> **Work to be completed**
From the entries below, gather every line containing the string "HOUSE".

> **Source records**
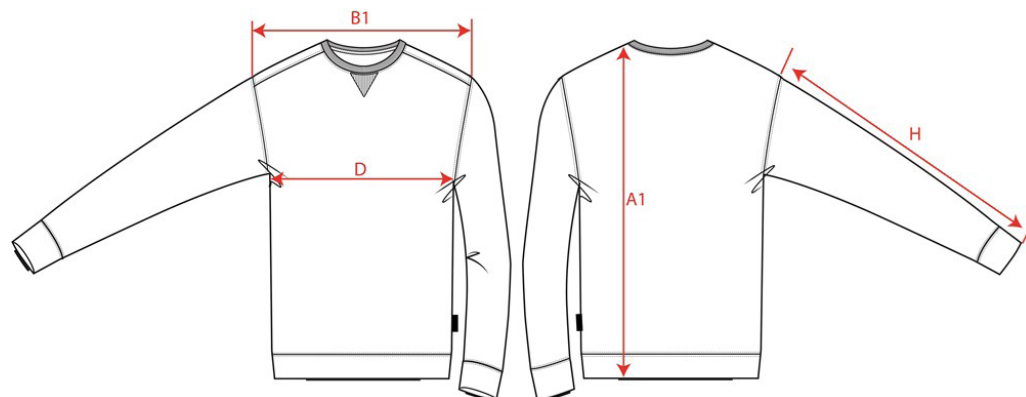

PRODUCTSPECIFICATIE

Sweater Premium / 304005

Artikelnummer: 304005 / 304005
Maten: XS | S | M | L | XL | XXL | 3XL
Sexe: Heren
Kwaliteit: 80% Katoen / 20% Polyester
Gewicht: 300 g/m²
CBS Nummer: 6110209100
Constructie: American fleece

Kleuren:

Wasvoorschriften:

	Tol	XS	S	M	L	XL	XXL	3XL
A1 Total back meas from hsp	1,0	68,0	70,0	72,0	74,0	76,0	78,0	81,0
B1 Shoulder to shoulder	1,0	43,5	45,0	46,5	48,0	49,5	51,0	53,0
D 1/2 chest width (2,5cm under armpit)	1,0	50,0	52,0	54,0	56,0	58,0	60,0	63,0
H Upperarm sleeve	1,0	65,5	66,5	67,5	68,5	69,5	70,5	71,5
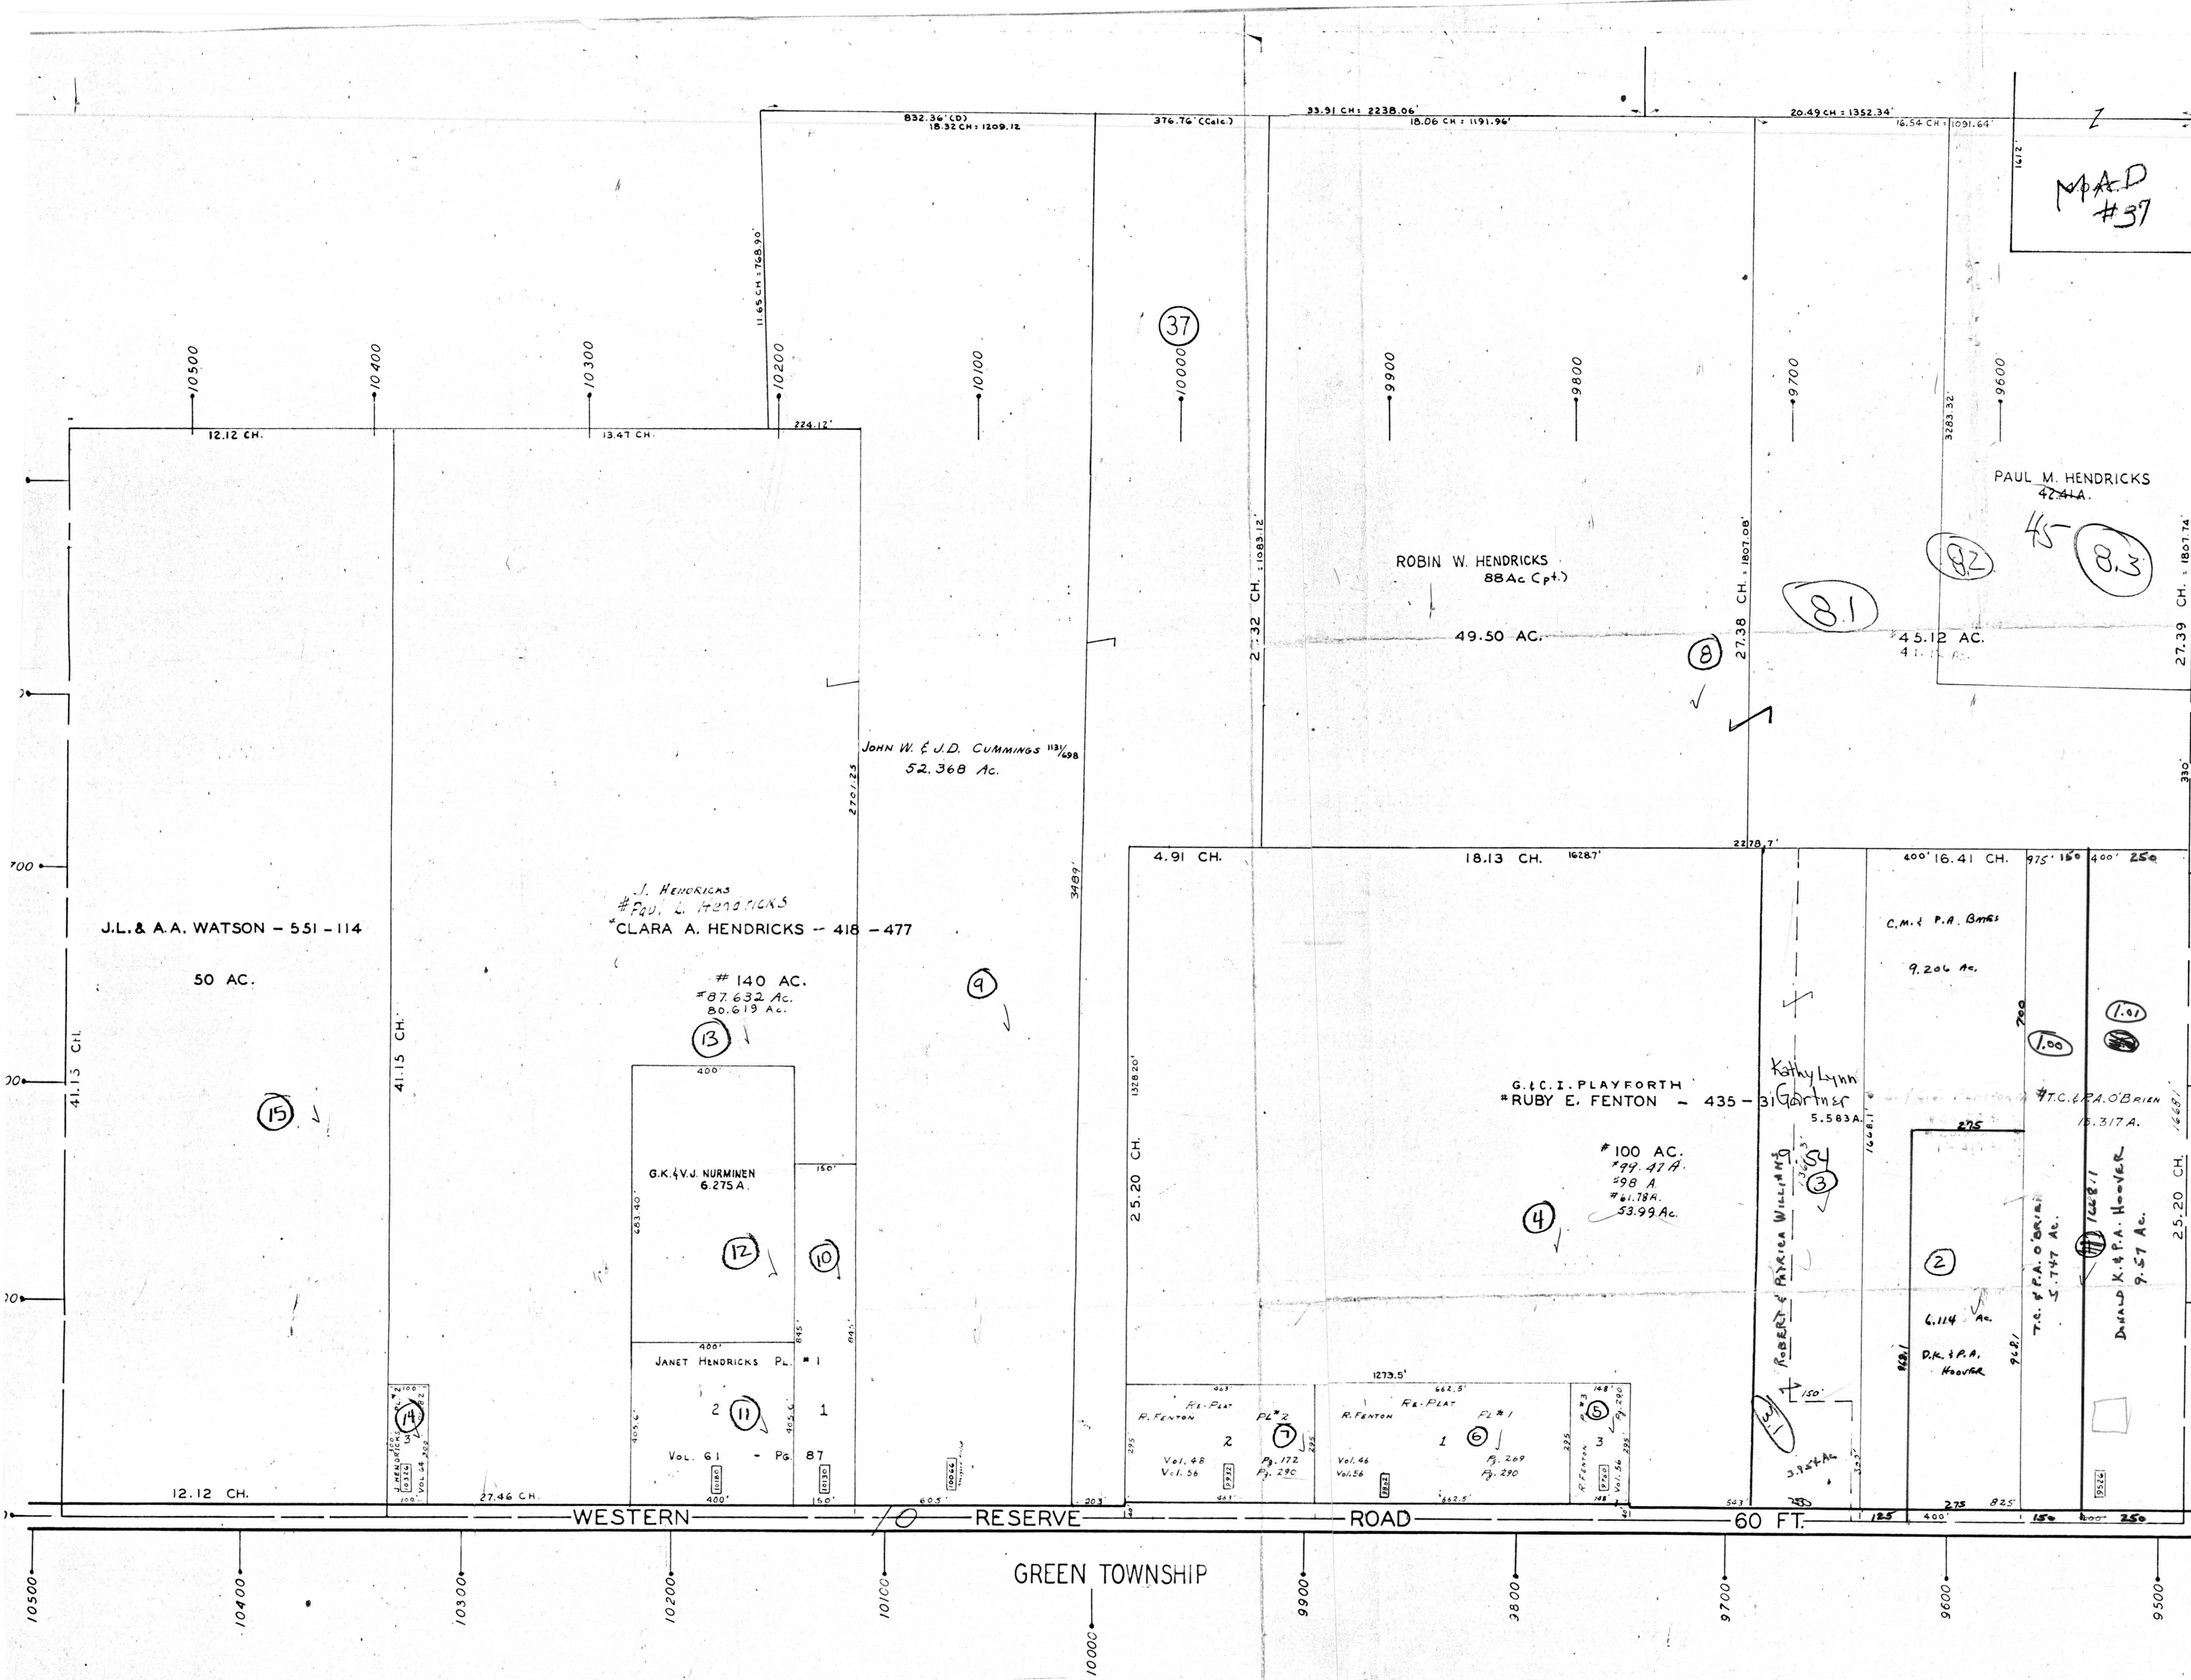

Split out of #3

PLATE 38

SECTION No. 4

SOUTH HALF

ELLSWORTH TOWNSHIP

OFFICE OF COUNTY ENGINEER
MAHONING COUNTY COURT HOUSE
YOUNGSTOWN, OHIO

LEGEND
● 37 INDICATES PLATE NUMBER
→ 4700 HOUSE NUMBERING GRID
[4170] HOUSE NUMBER

> **Reply**
MAHONING COUNTY COURT HOUSE
→ 4700 HOUSE NUMBERING GRID
[4170] HOUSE NUMBER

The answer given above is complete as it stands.